Meet Jonathan Sklute, owner of Good Records and music aficionado. Born and raised in Berkeley, he ventured to the east coast in 1995 for school. Like many of us transplants, New York captured his heart and he stayed.
Sklute calls Harlem home. “One of the last bastions of old New York,” as he puts it. “It’s a place of amazing architecture with a constant theme of music and cultural heritage and a beautiful spirit of the people. There’s a certain ‘neighborhoodness’ about Harlem, that you miss in other parts of the city.”
Initially, Sklute was working a very New York kind of job; high-stress, high-impact for a financial services company. As time went on, he would look in the mirror and become increasingly dissatisfied with his career. He hated going to work and he knew it was time for a change. Already a passionate record collector and musician, it made perfect sense to open a record store.
But to say that this is just a record store is like saying New York is just a little chilly in the winter. The floors are spotless. The bins (even the bargain bins) are neatly lined and well organized. And the store boasts something New York shops typically have little of—walking space.
“Well, it’s New York City,” he explains. “An international, boutique environment. It’s not like digging in a warehouse. Everything should be mint; it should be clean, in a brand new poly sleeve.

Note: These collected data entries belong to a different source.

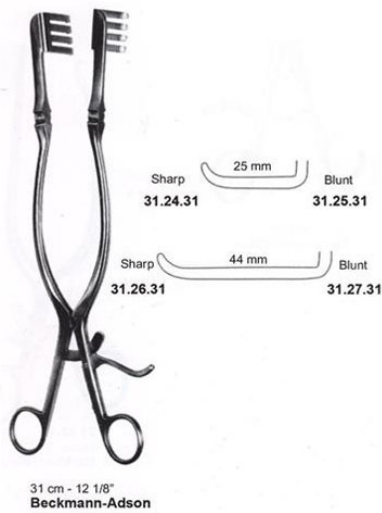

Retractor Self Retaining Beckmann-Adson 31 Cm 12 1/8" Blunt 25Mm

Retractor Self Retaining Beckmann-Adson 31 Cm 12 1/8" Blunt 25Mm

[Read More](#)

SKU: NSR115

Price:

Stock: instock

Categories: [Neuro & Spine](#), [Open Surgery](#), [Self Retaining Retractor](#)

Tags: [31.27.31](#)

Product Description

Retractor Self Retaining Beckmann-Adson 31 Cm 12 1/8" Blunt 25Mm

It’s only right.”
Good Records is exactly that: Good Records. Not Good CDs or Good Tapes or Good Posters; simply Good Records.
“Today there are a million articles about how the only printed media that’s growing customers is vinyl, and I think the music and the format both got disposable at a certain point. That’s not a judgment, that’s just the way it is. Technology has become more and more capable of condensing our cultural experience into a small space. I think people want something more. A sense of ownership. You can pull out a record and play it and read the liner notes, and it’s just more real.”

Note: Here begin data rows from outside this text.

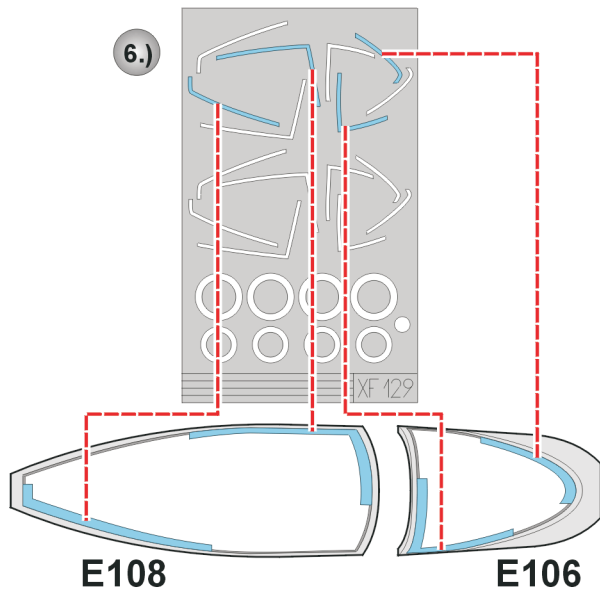

eduard
Express Mask

F/A-18E Super Hornet

The die-cut mask for accurate canopy frame painting of the
Italeri 1/48 KIT

XF 129

REFERENCES: Squadron/Signal Publ.:Walk Around # 5518 - F-18 Hornet

- 3.) INTERIOR COLOR
- 4.) RUBBER COLOR
- 5.) REMOVE MASK

- 8.) CAMOUFLAGE COLOR
- 9.) REMOVE MASK

The price point for records is typically about $15. But that’s an average between the dollar bins and the high end wall stuff. The most expensive record Sklute ever sold was a rare R&B 45 from the 70s, which brought in $2500. “That’s not huge in the realm of rare 45s; some will crack five or six thousand. But that was my personal best.”
“Part of the reason we specialize in the more obscure, off-the-beaten path kind of stuff,” he explains, “is because people do have access to everything these days. But I believe in vinyl. People believe in vinyl.”
I agree, I tell him. There is magic in the dust and grooves of a record. Memories are stored there. We all remember what we were listening to when we lost our virginity, or when our parents busted us smoking. We remember who was wailing while we nursed our broken hearts. Those are the special songs, and they are preserved with great care and love at Good Records in the Lower East Side.
For me, that music was G&R, visions of tattoos melting in the heat. For Jonathan, that record was by Nas.
“It came out when I was about 15 or 16, at an age when everything was heightened. I remember not only the first time I listened to it. I remember the entire day. We cut class to get on a bus and go to the record store. I think I was the only kid who bought it on vinyl. Rap was still really underground and rebellious. Metal had a tone of rebellion too, but it was on MTV and the radio. Rap wasn’t. Rap was for tough guys and I wanted to be a tough guy. The great thing about this job is that I get to relive those experiences every day. I get to find things that are as good as you’ve ever heard, but you’ve never heard it before. And that’s magic.”
The store itself is not overstuffed or overwhelming. The exposed brick walls and hardwood floors invite you to chat with Sklute and his colleagues. But after watching him sell the funk record he was playing (right off the turntable), after watching him negotiate buying records from a former radio DJ, after hearing little-known stories behind the music and after watching scores of people wander in and out with bags of treasures, a most important question still remained: why pink?
“The landlord told me, and I don’t know how true it is, but his grandfather who originally owned the building was color blind, so when he went to choose the paint, they were all just shades of gray to him, so he just chose a lighter shade of pale. But you can see this bright pink stuff from Brooklyn.”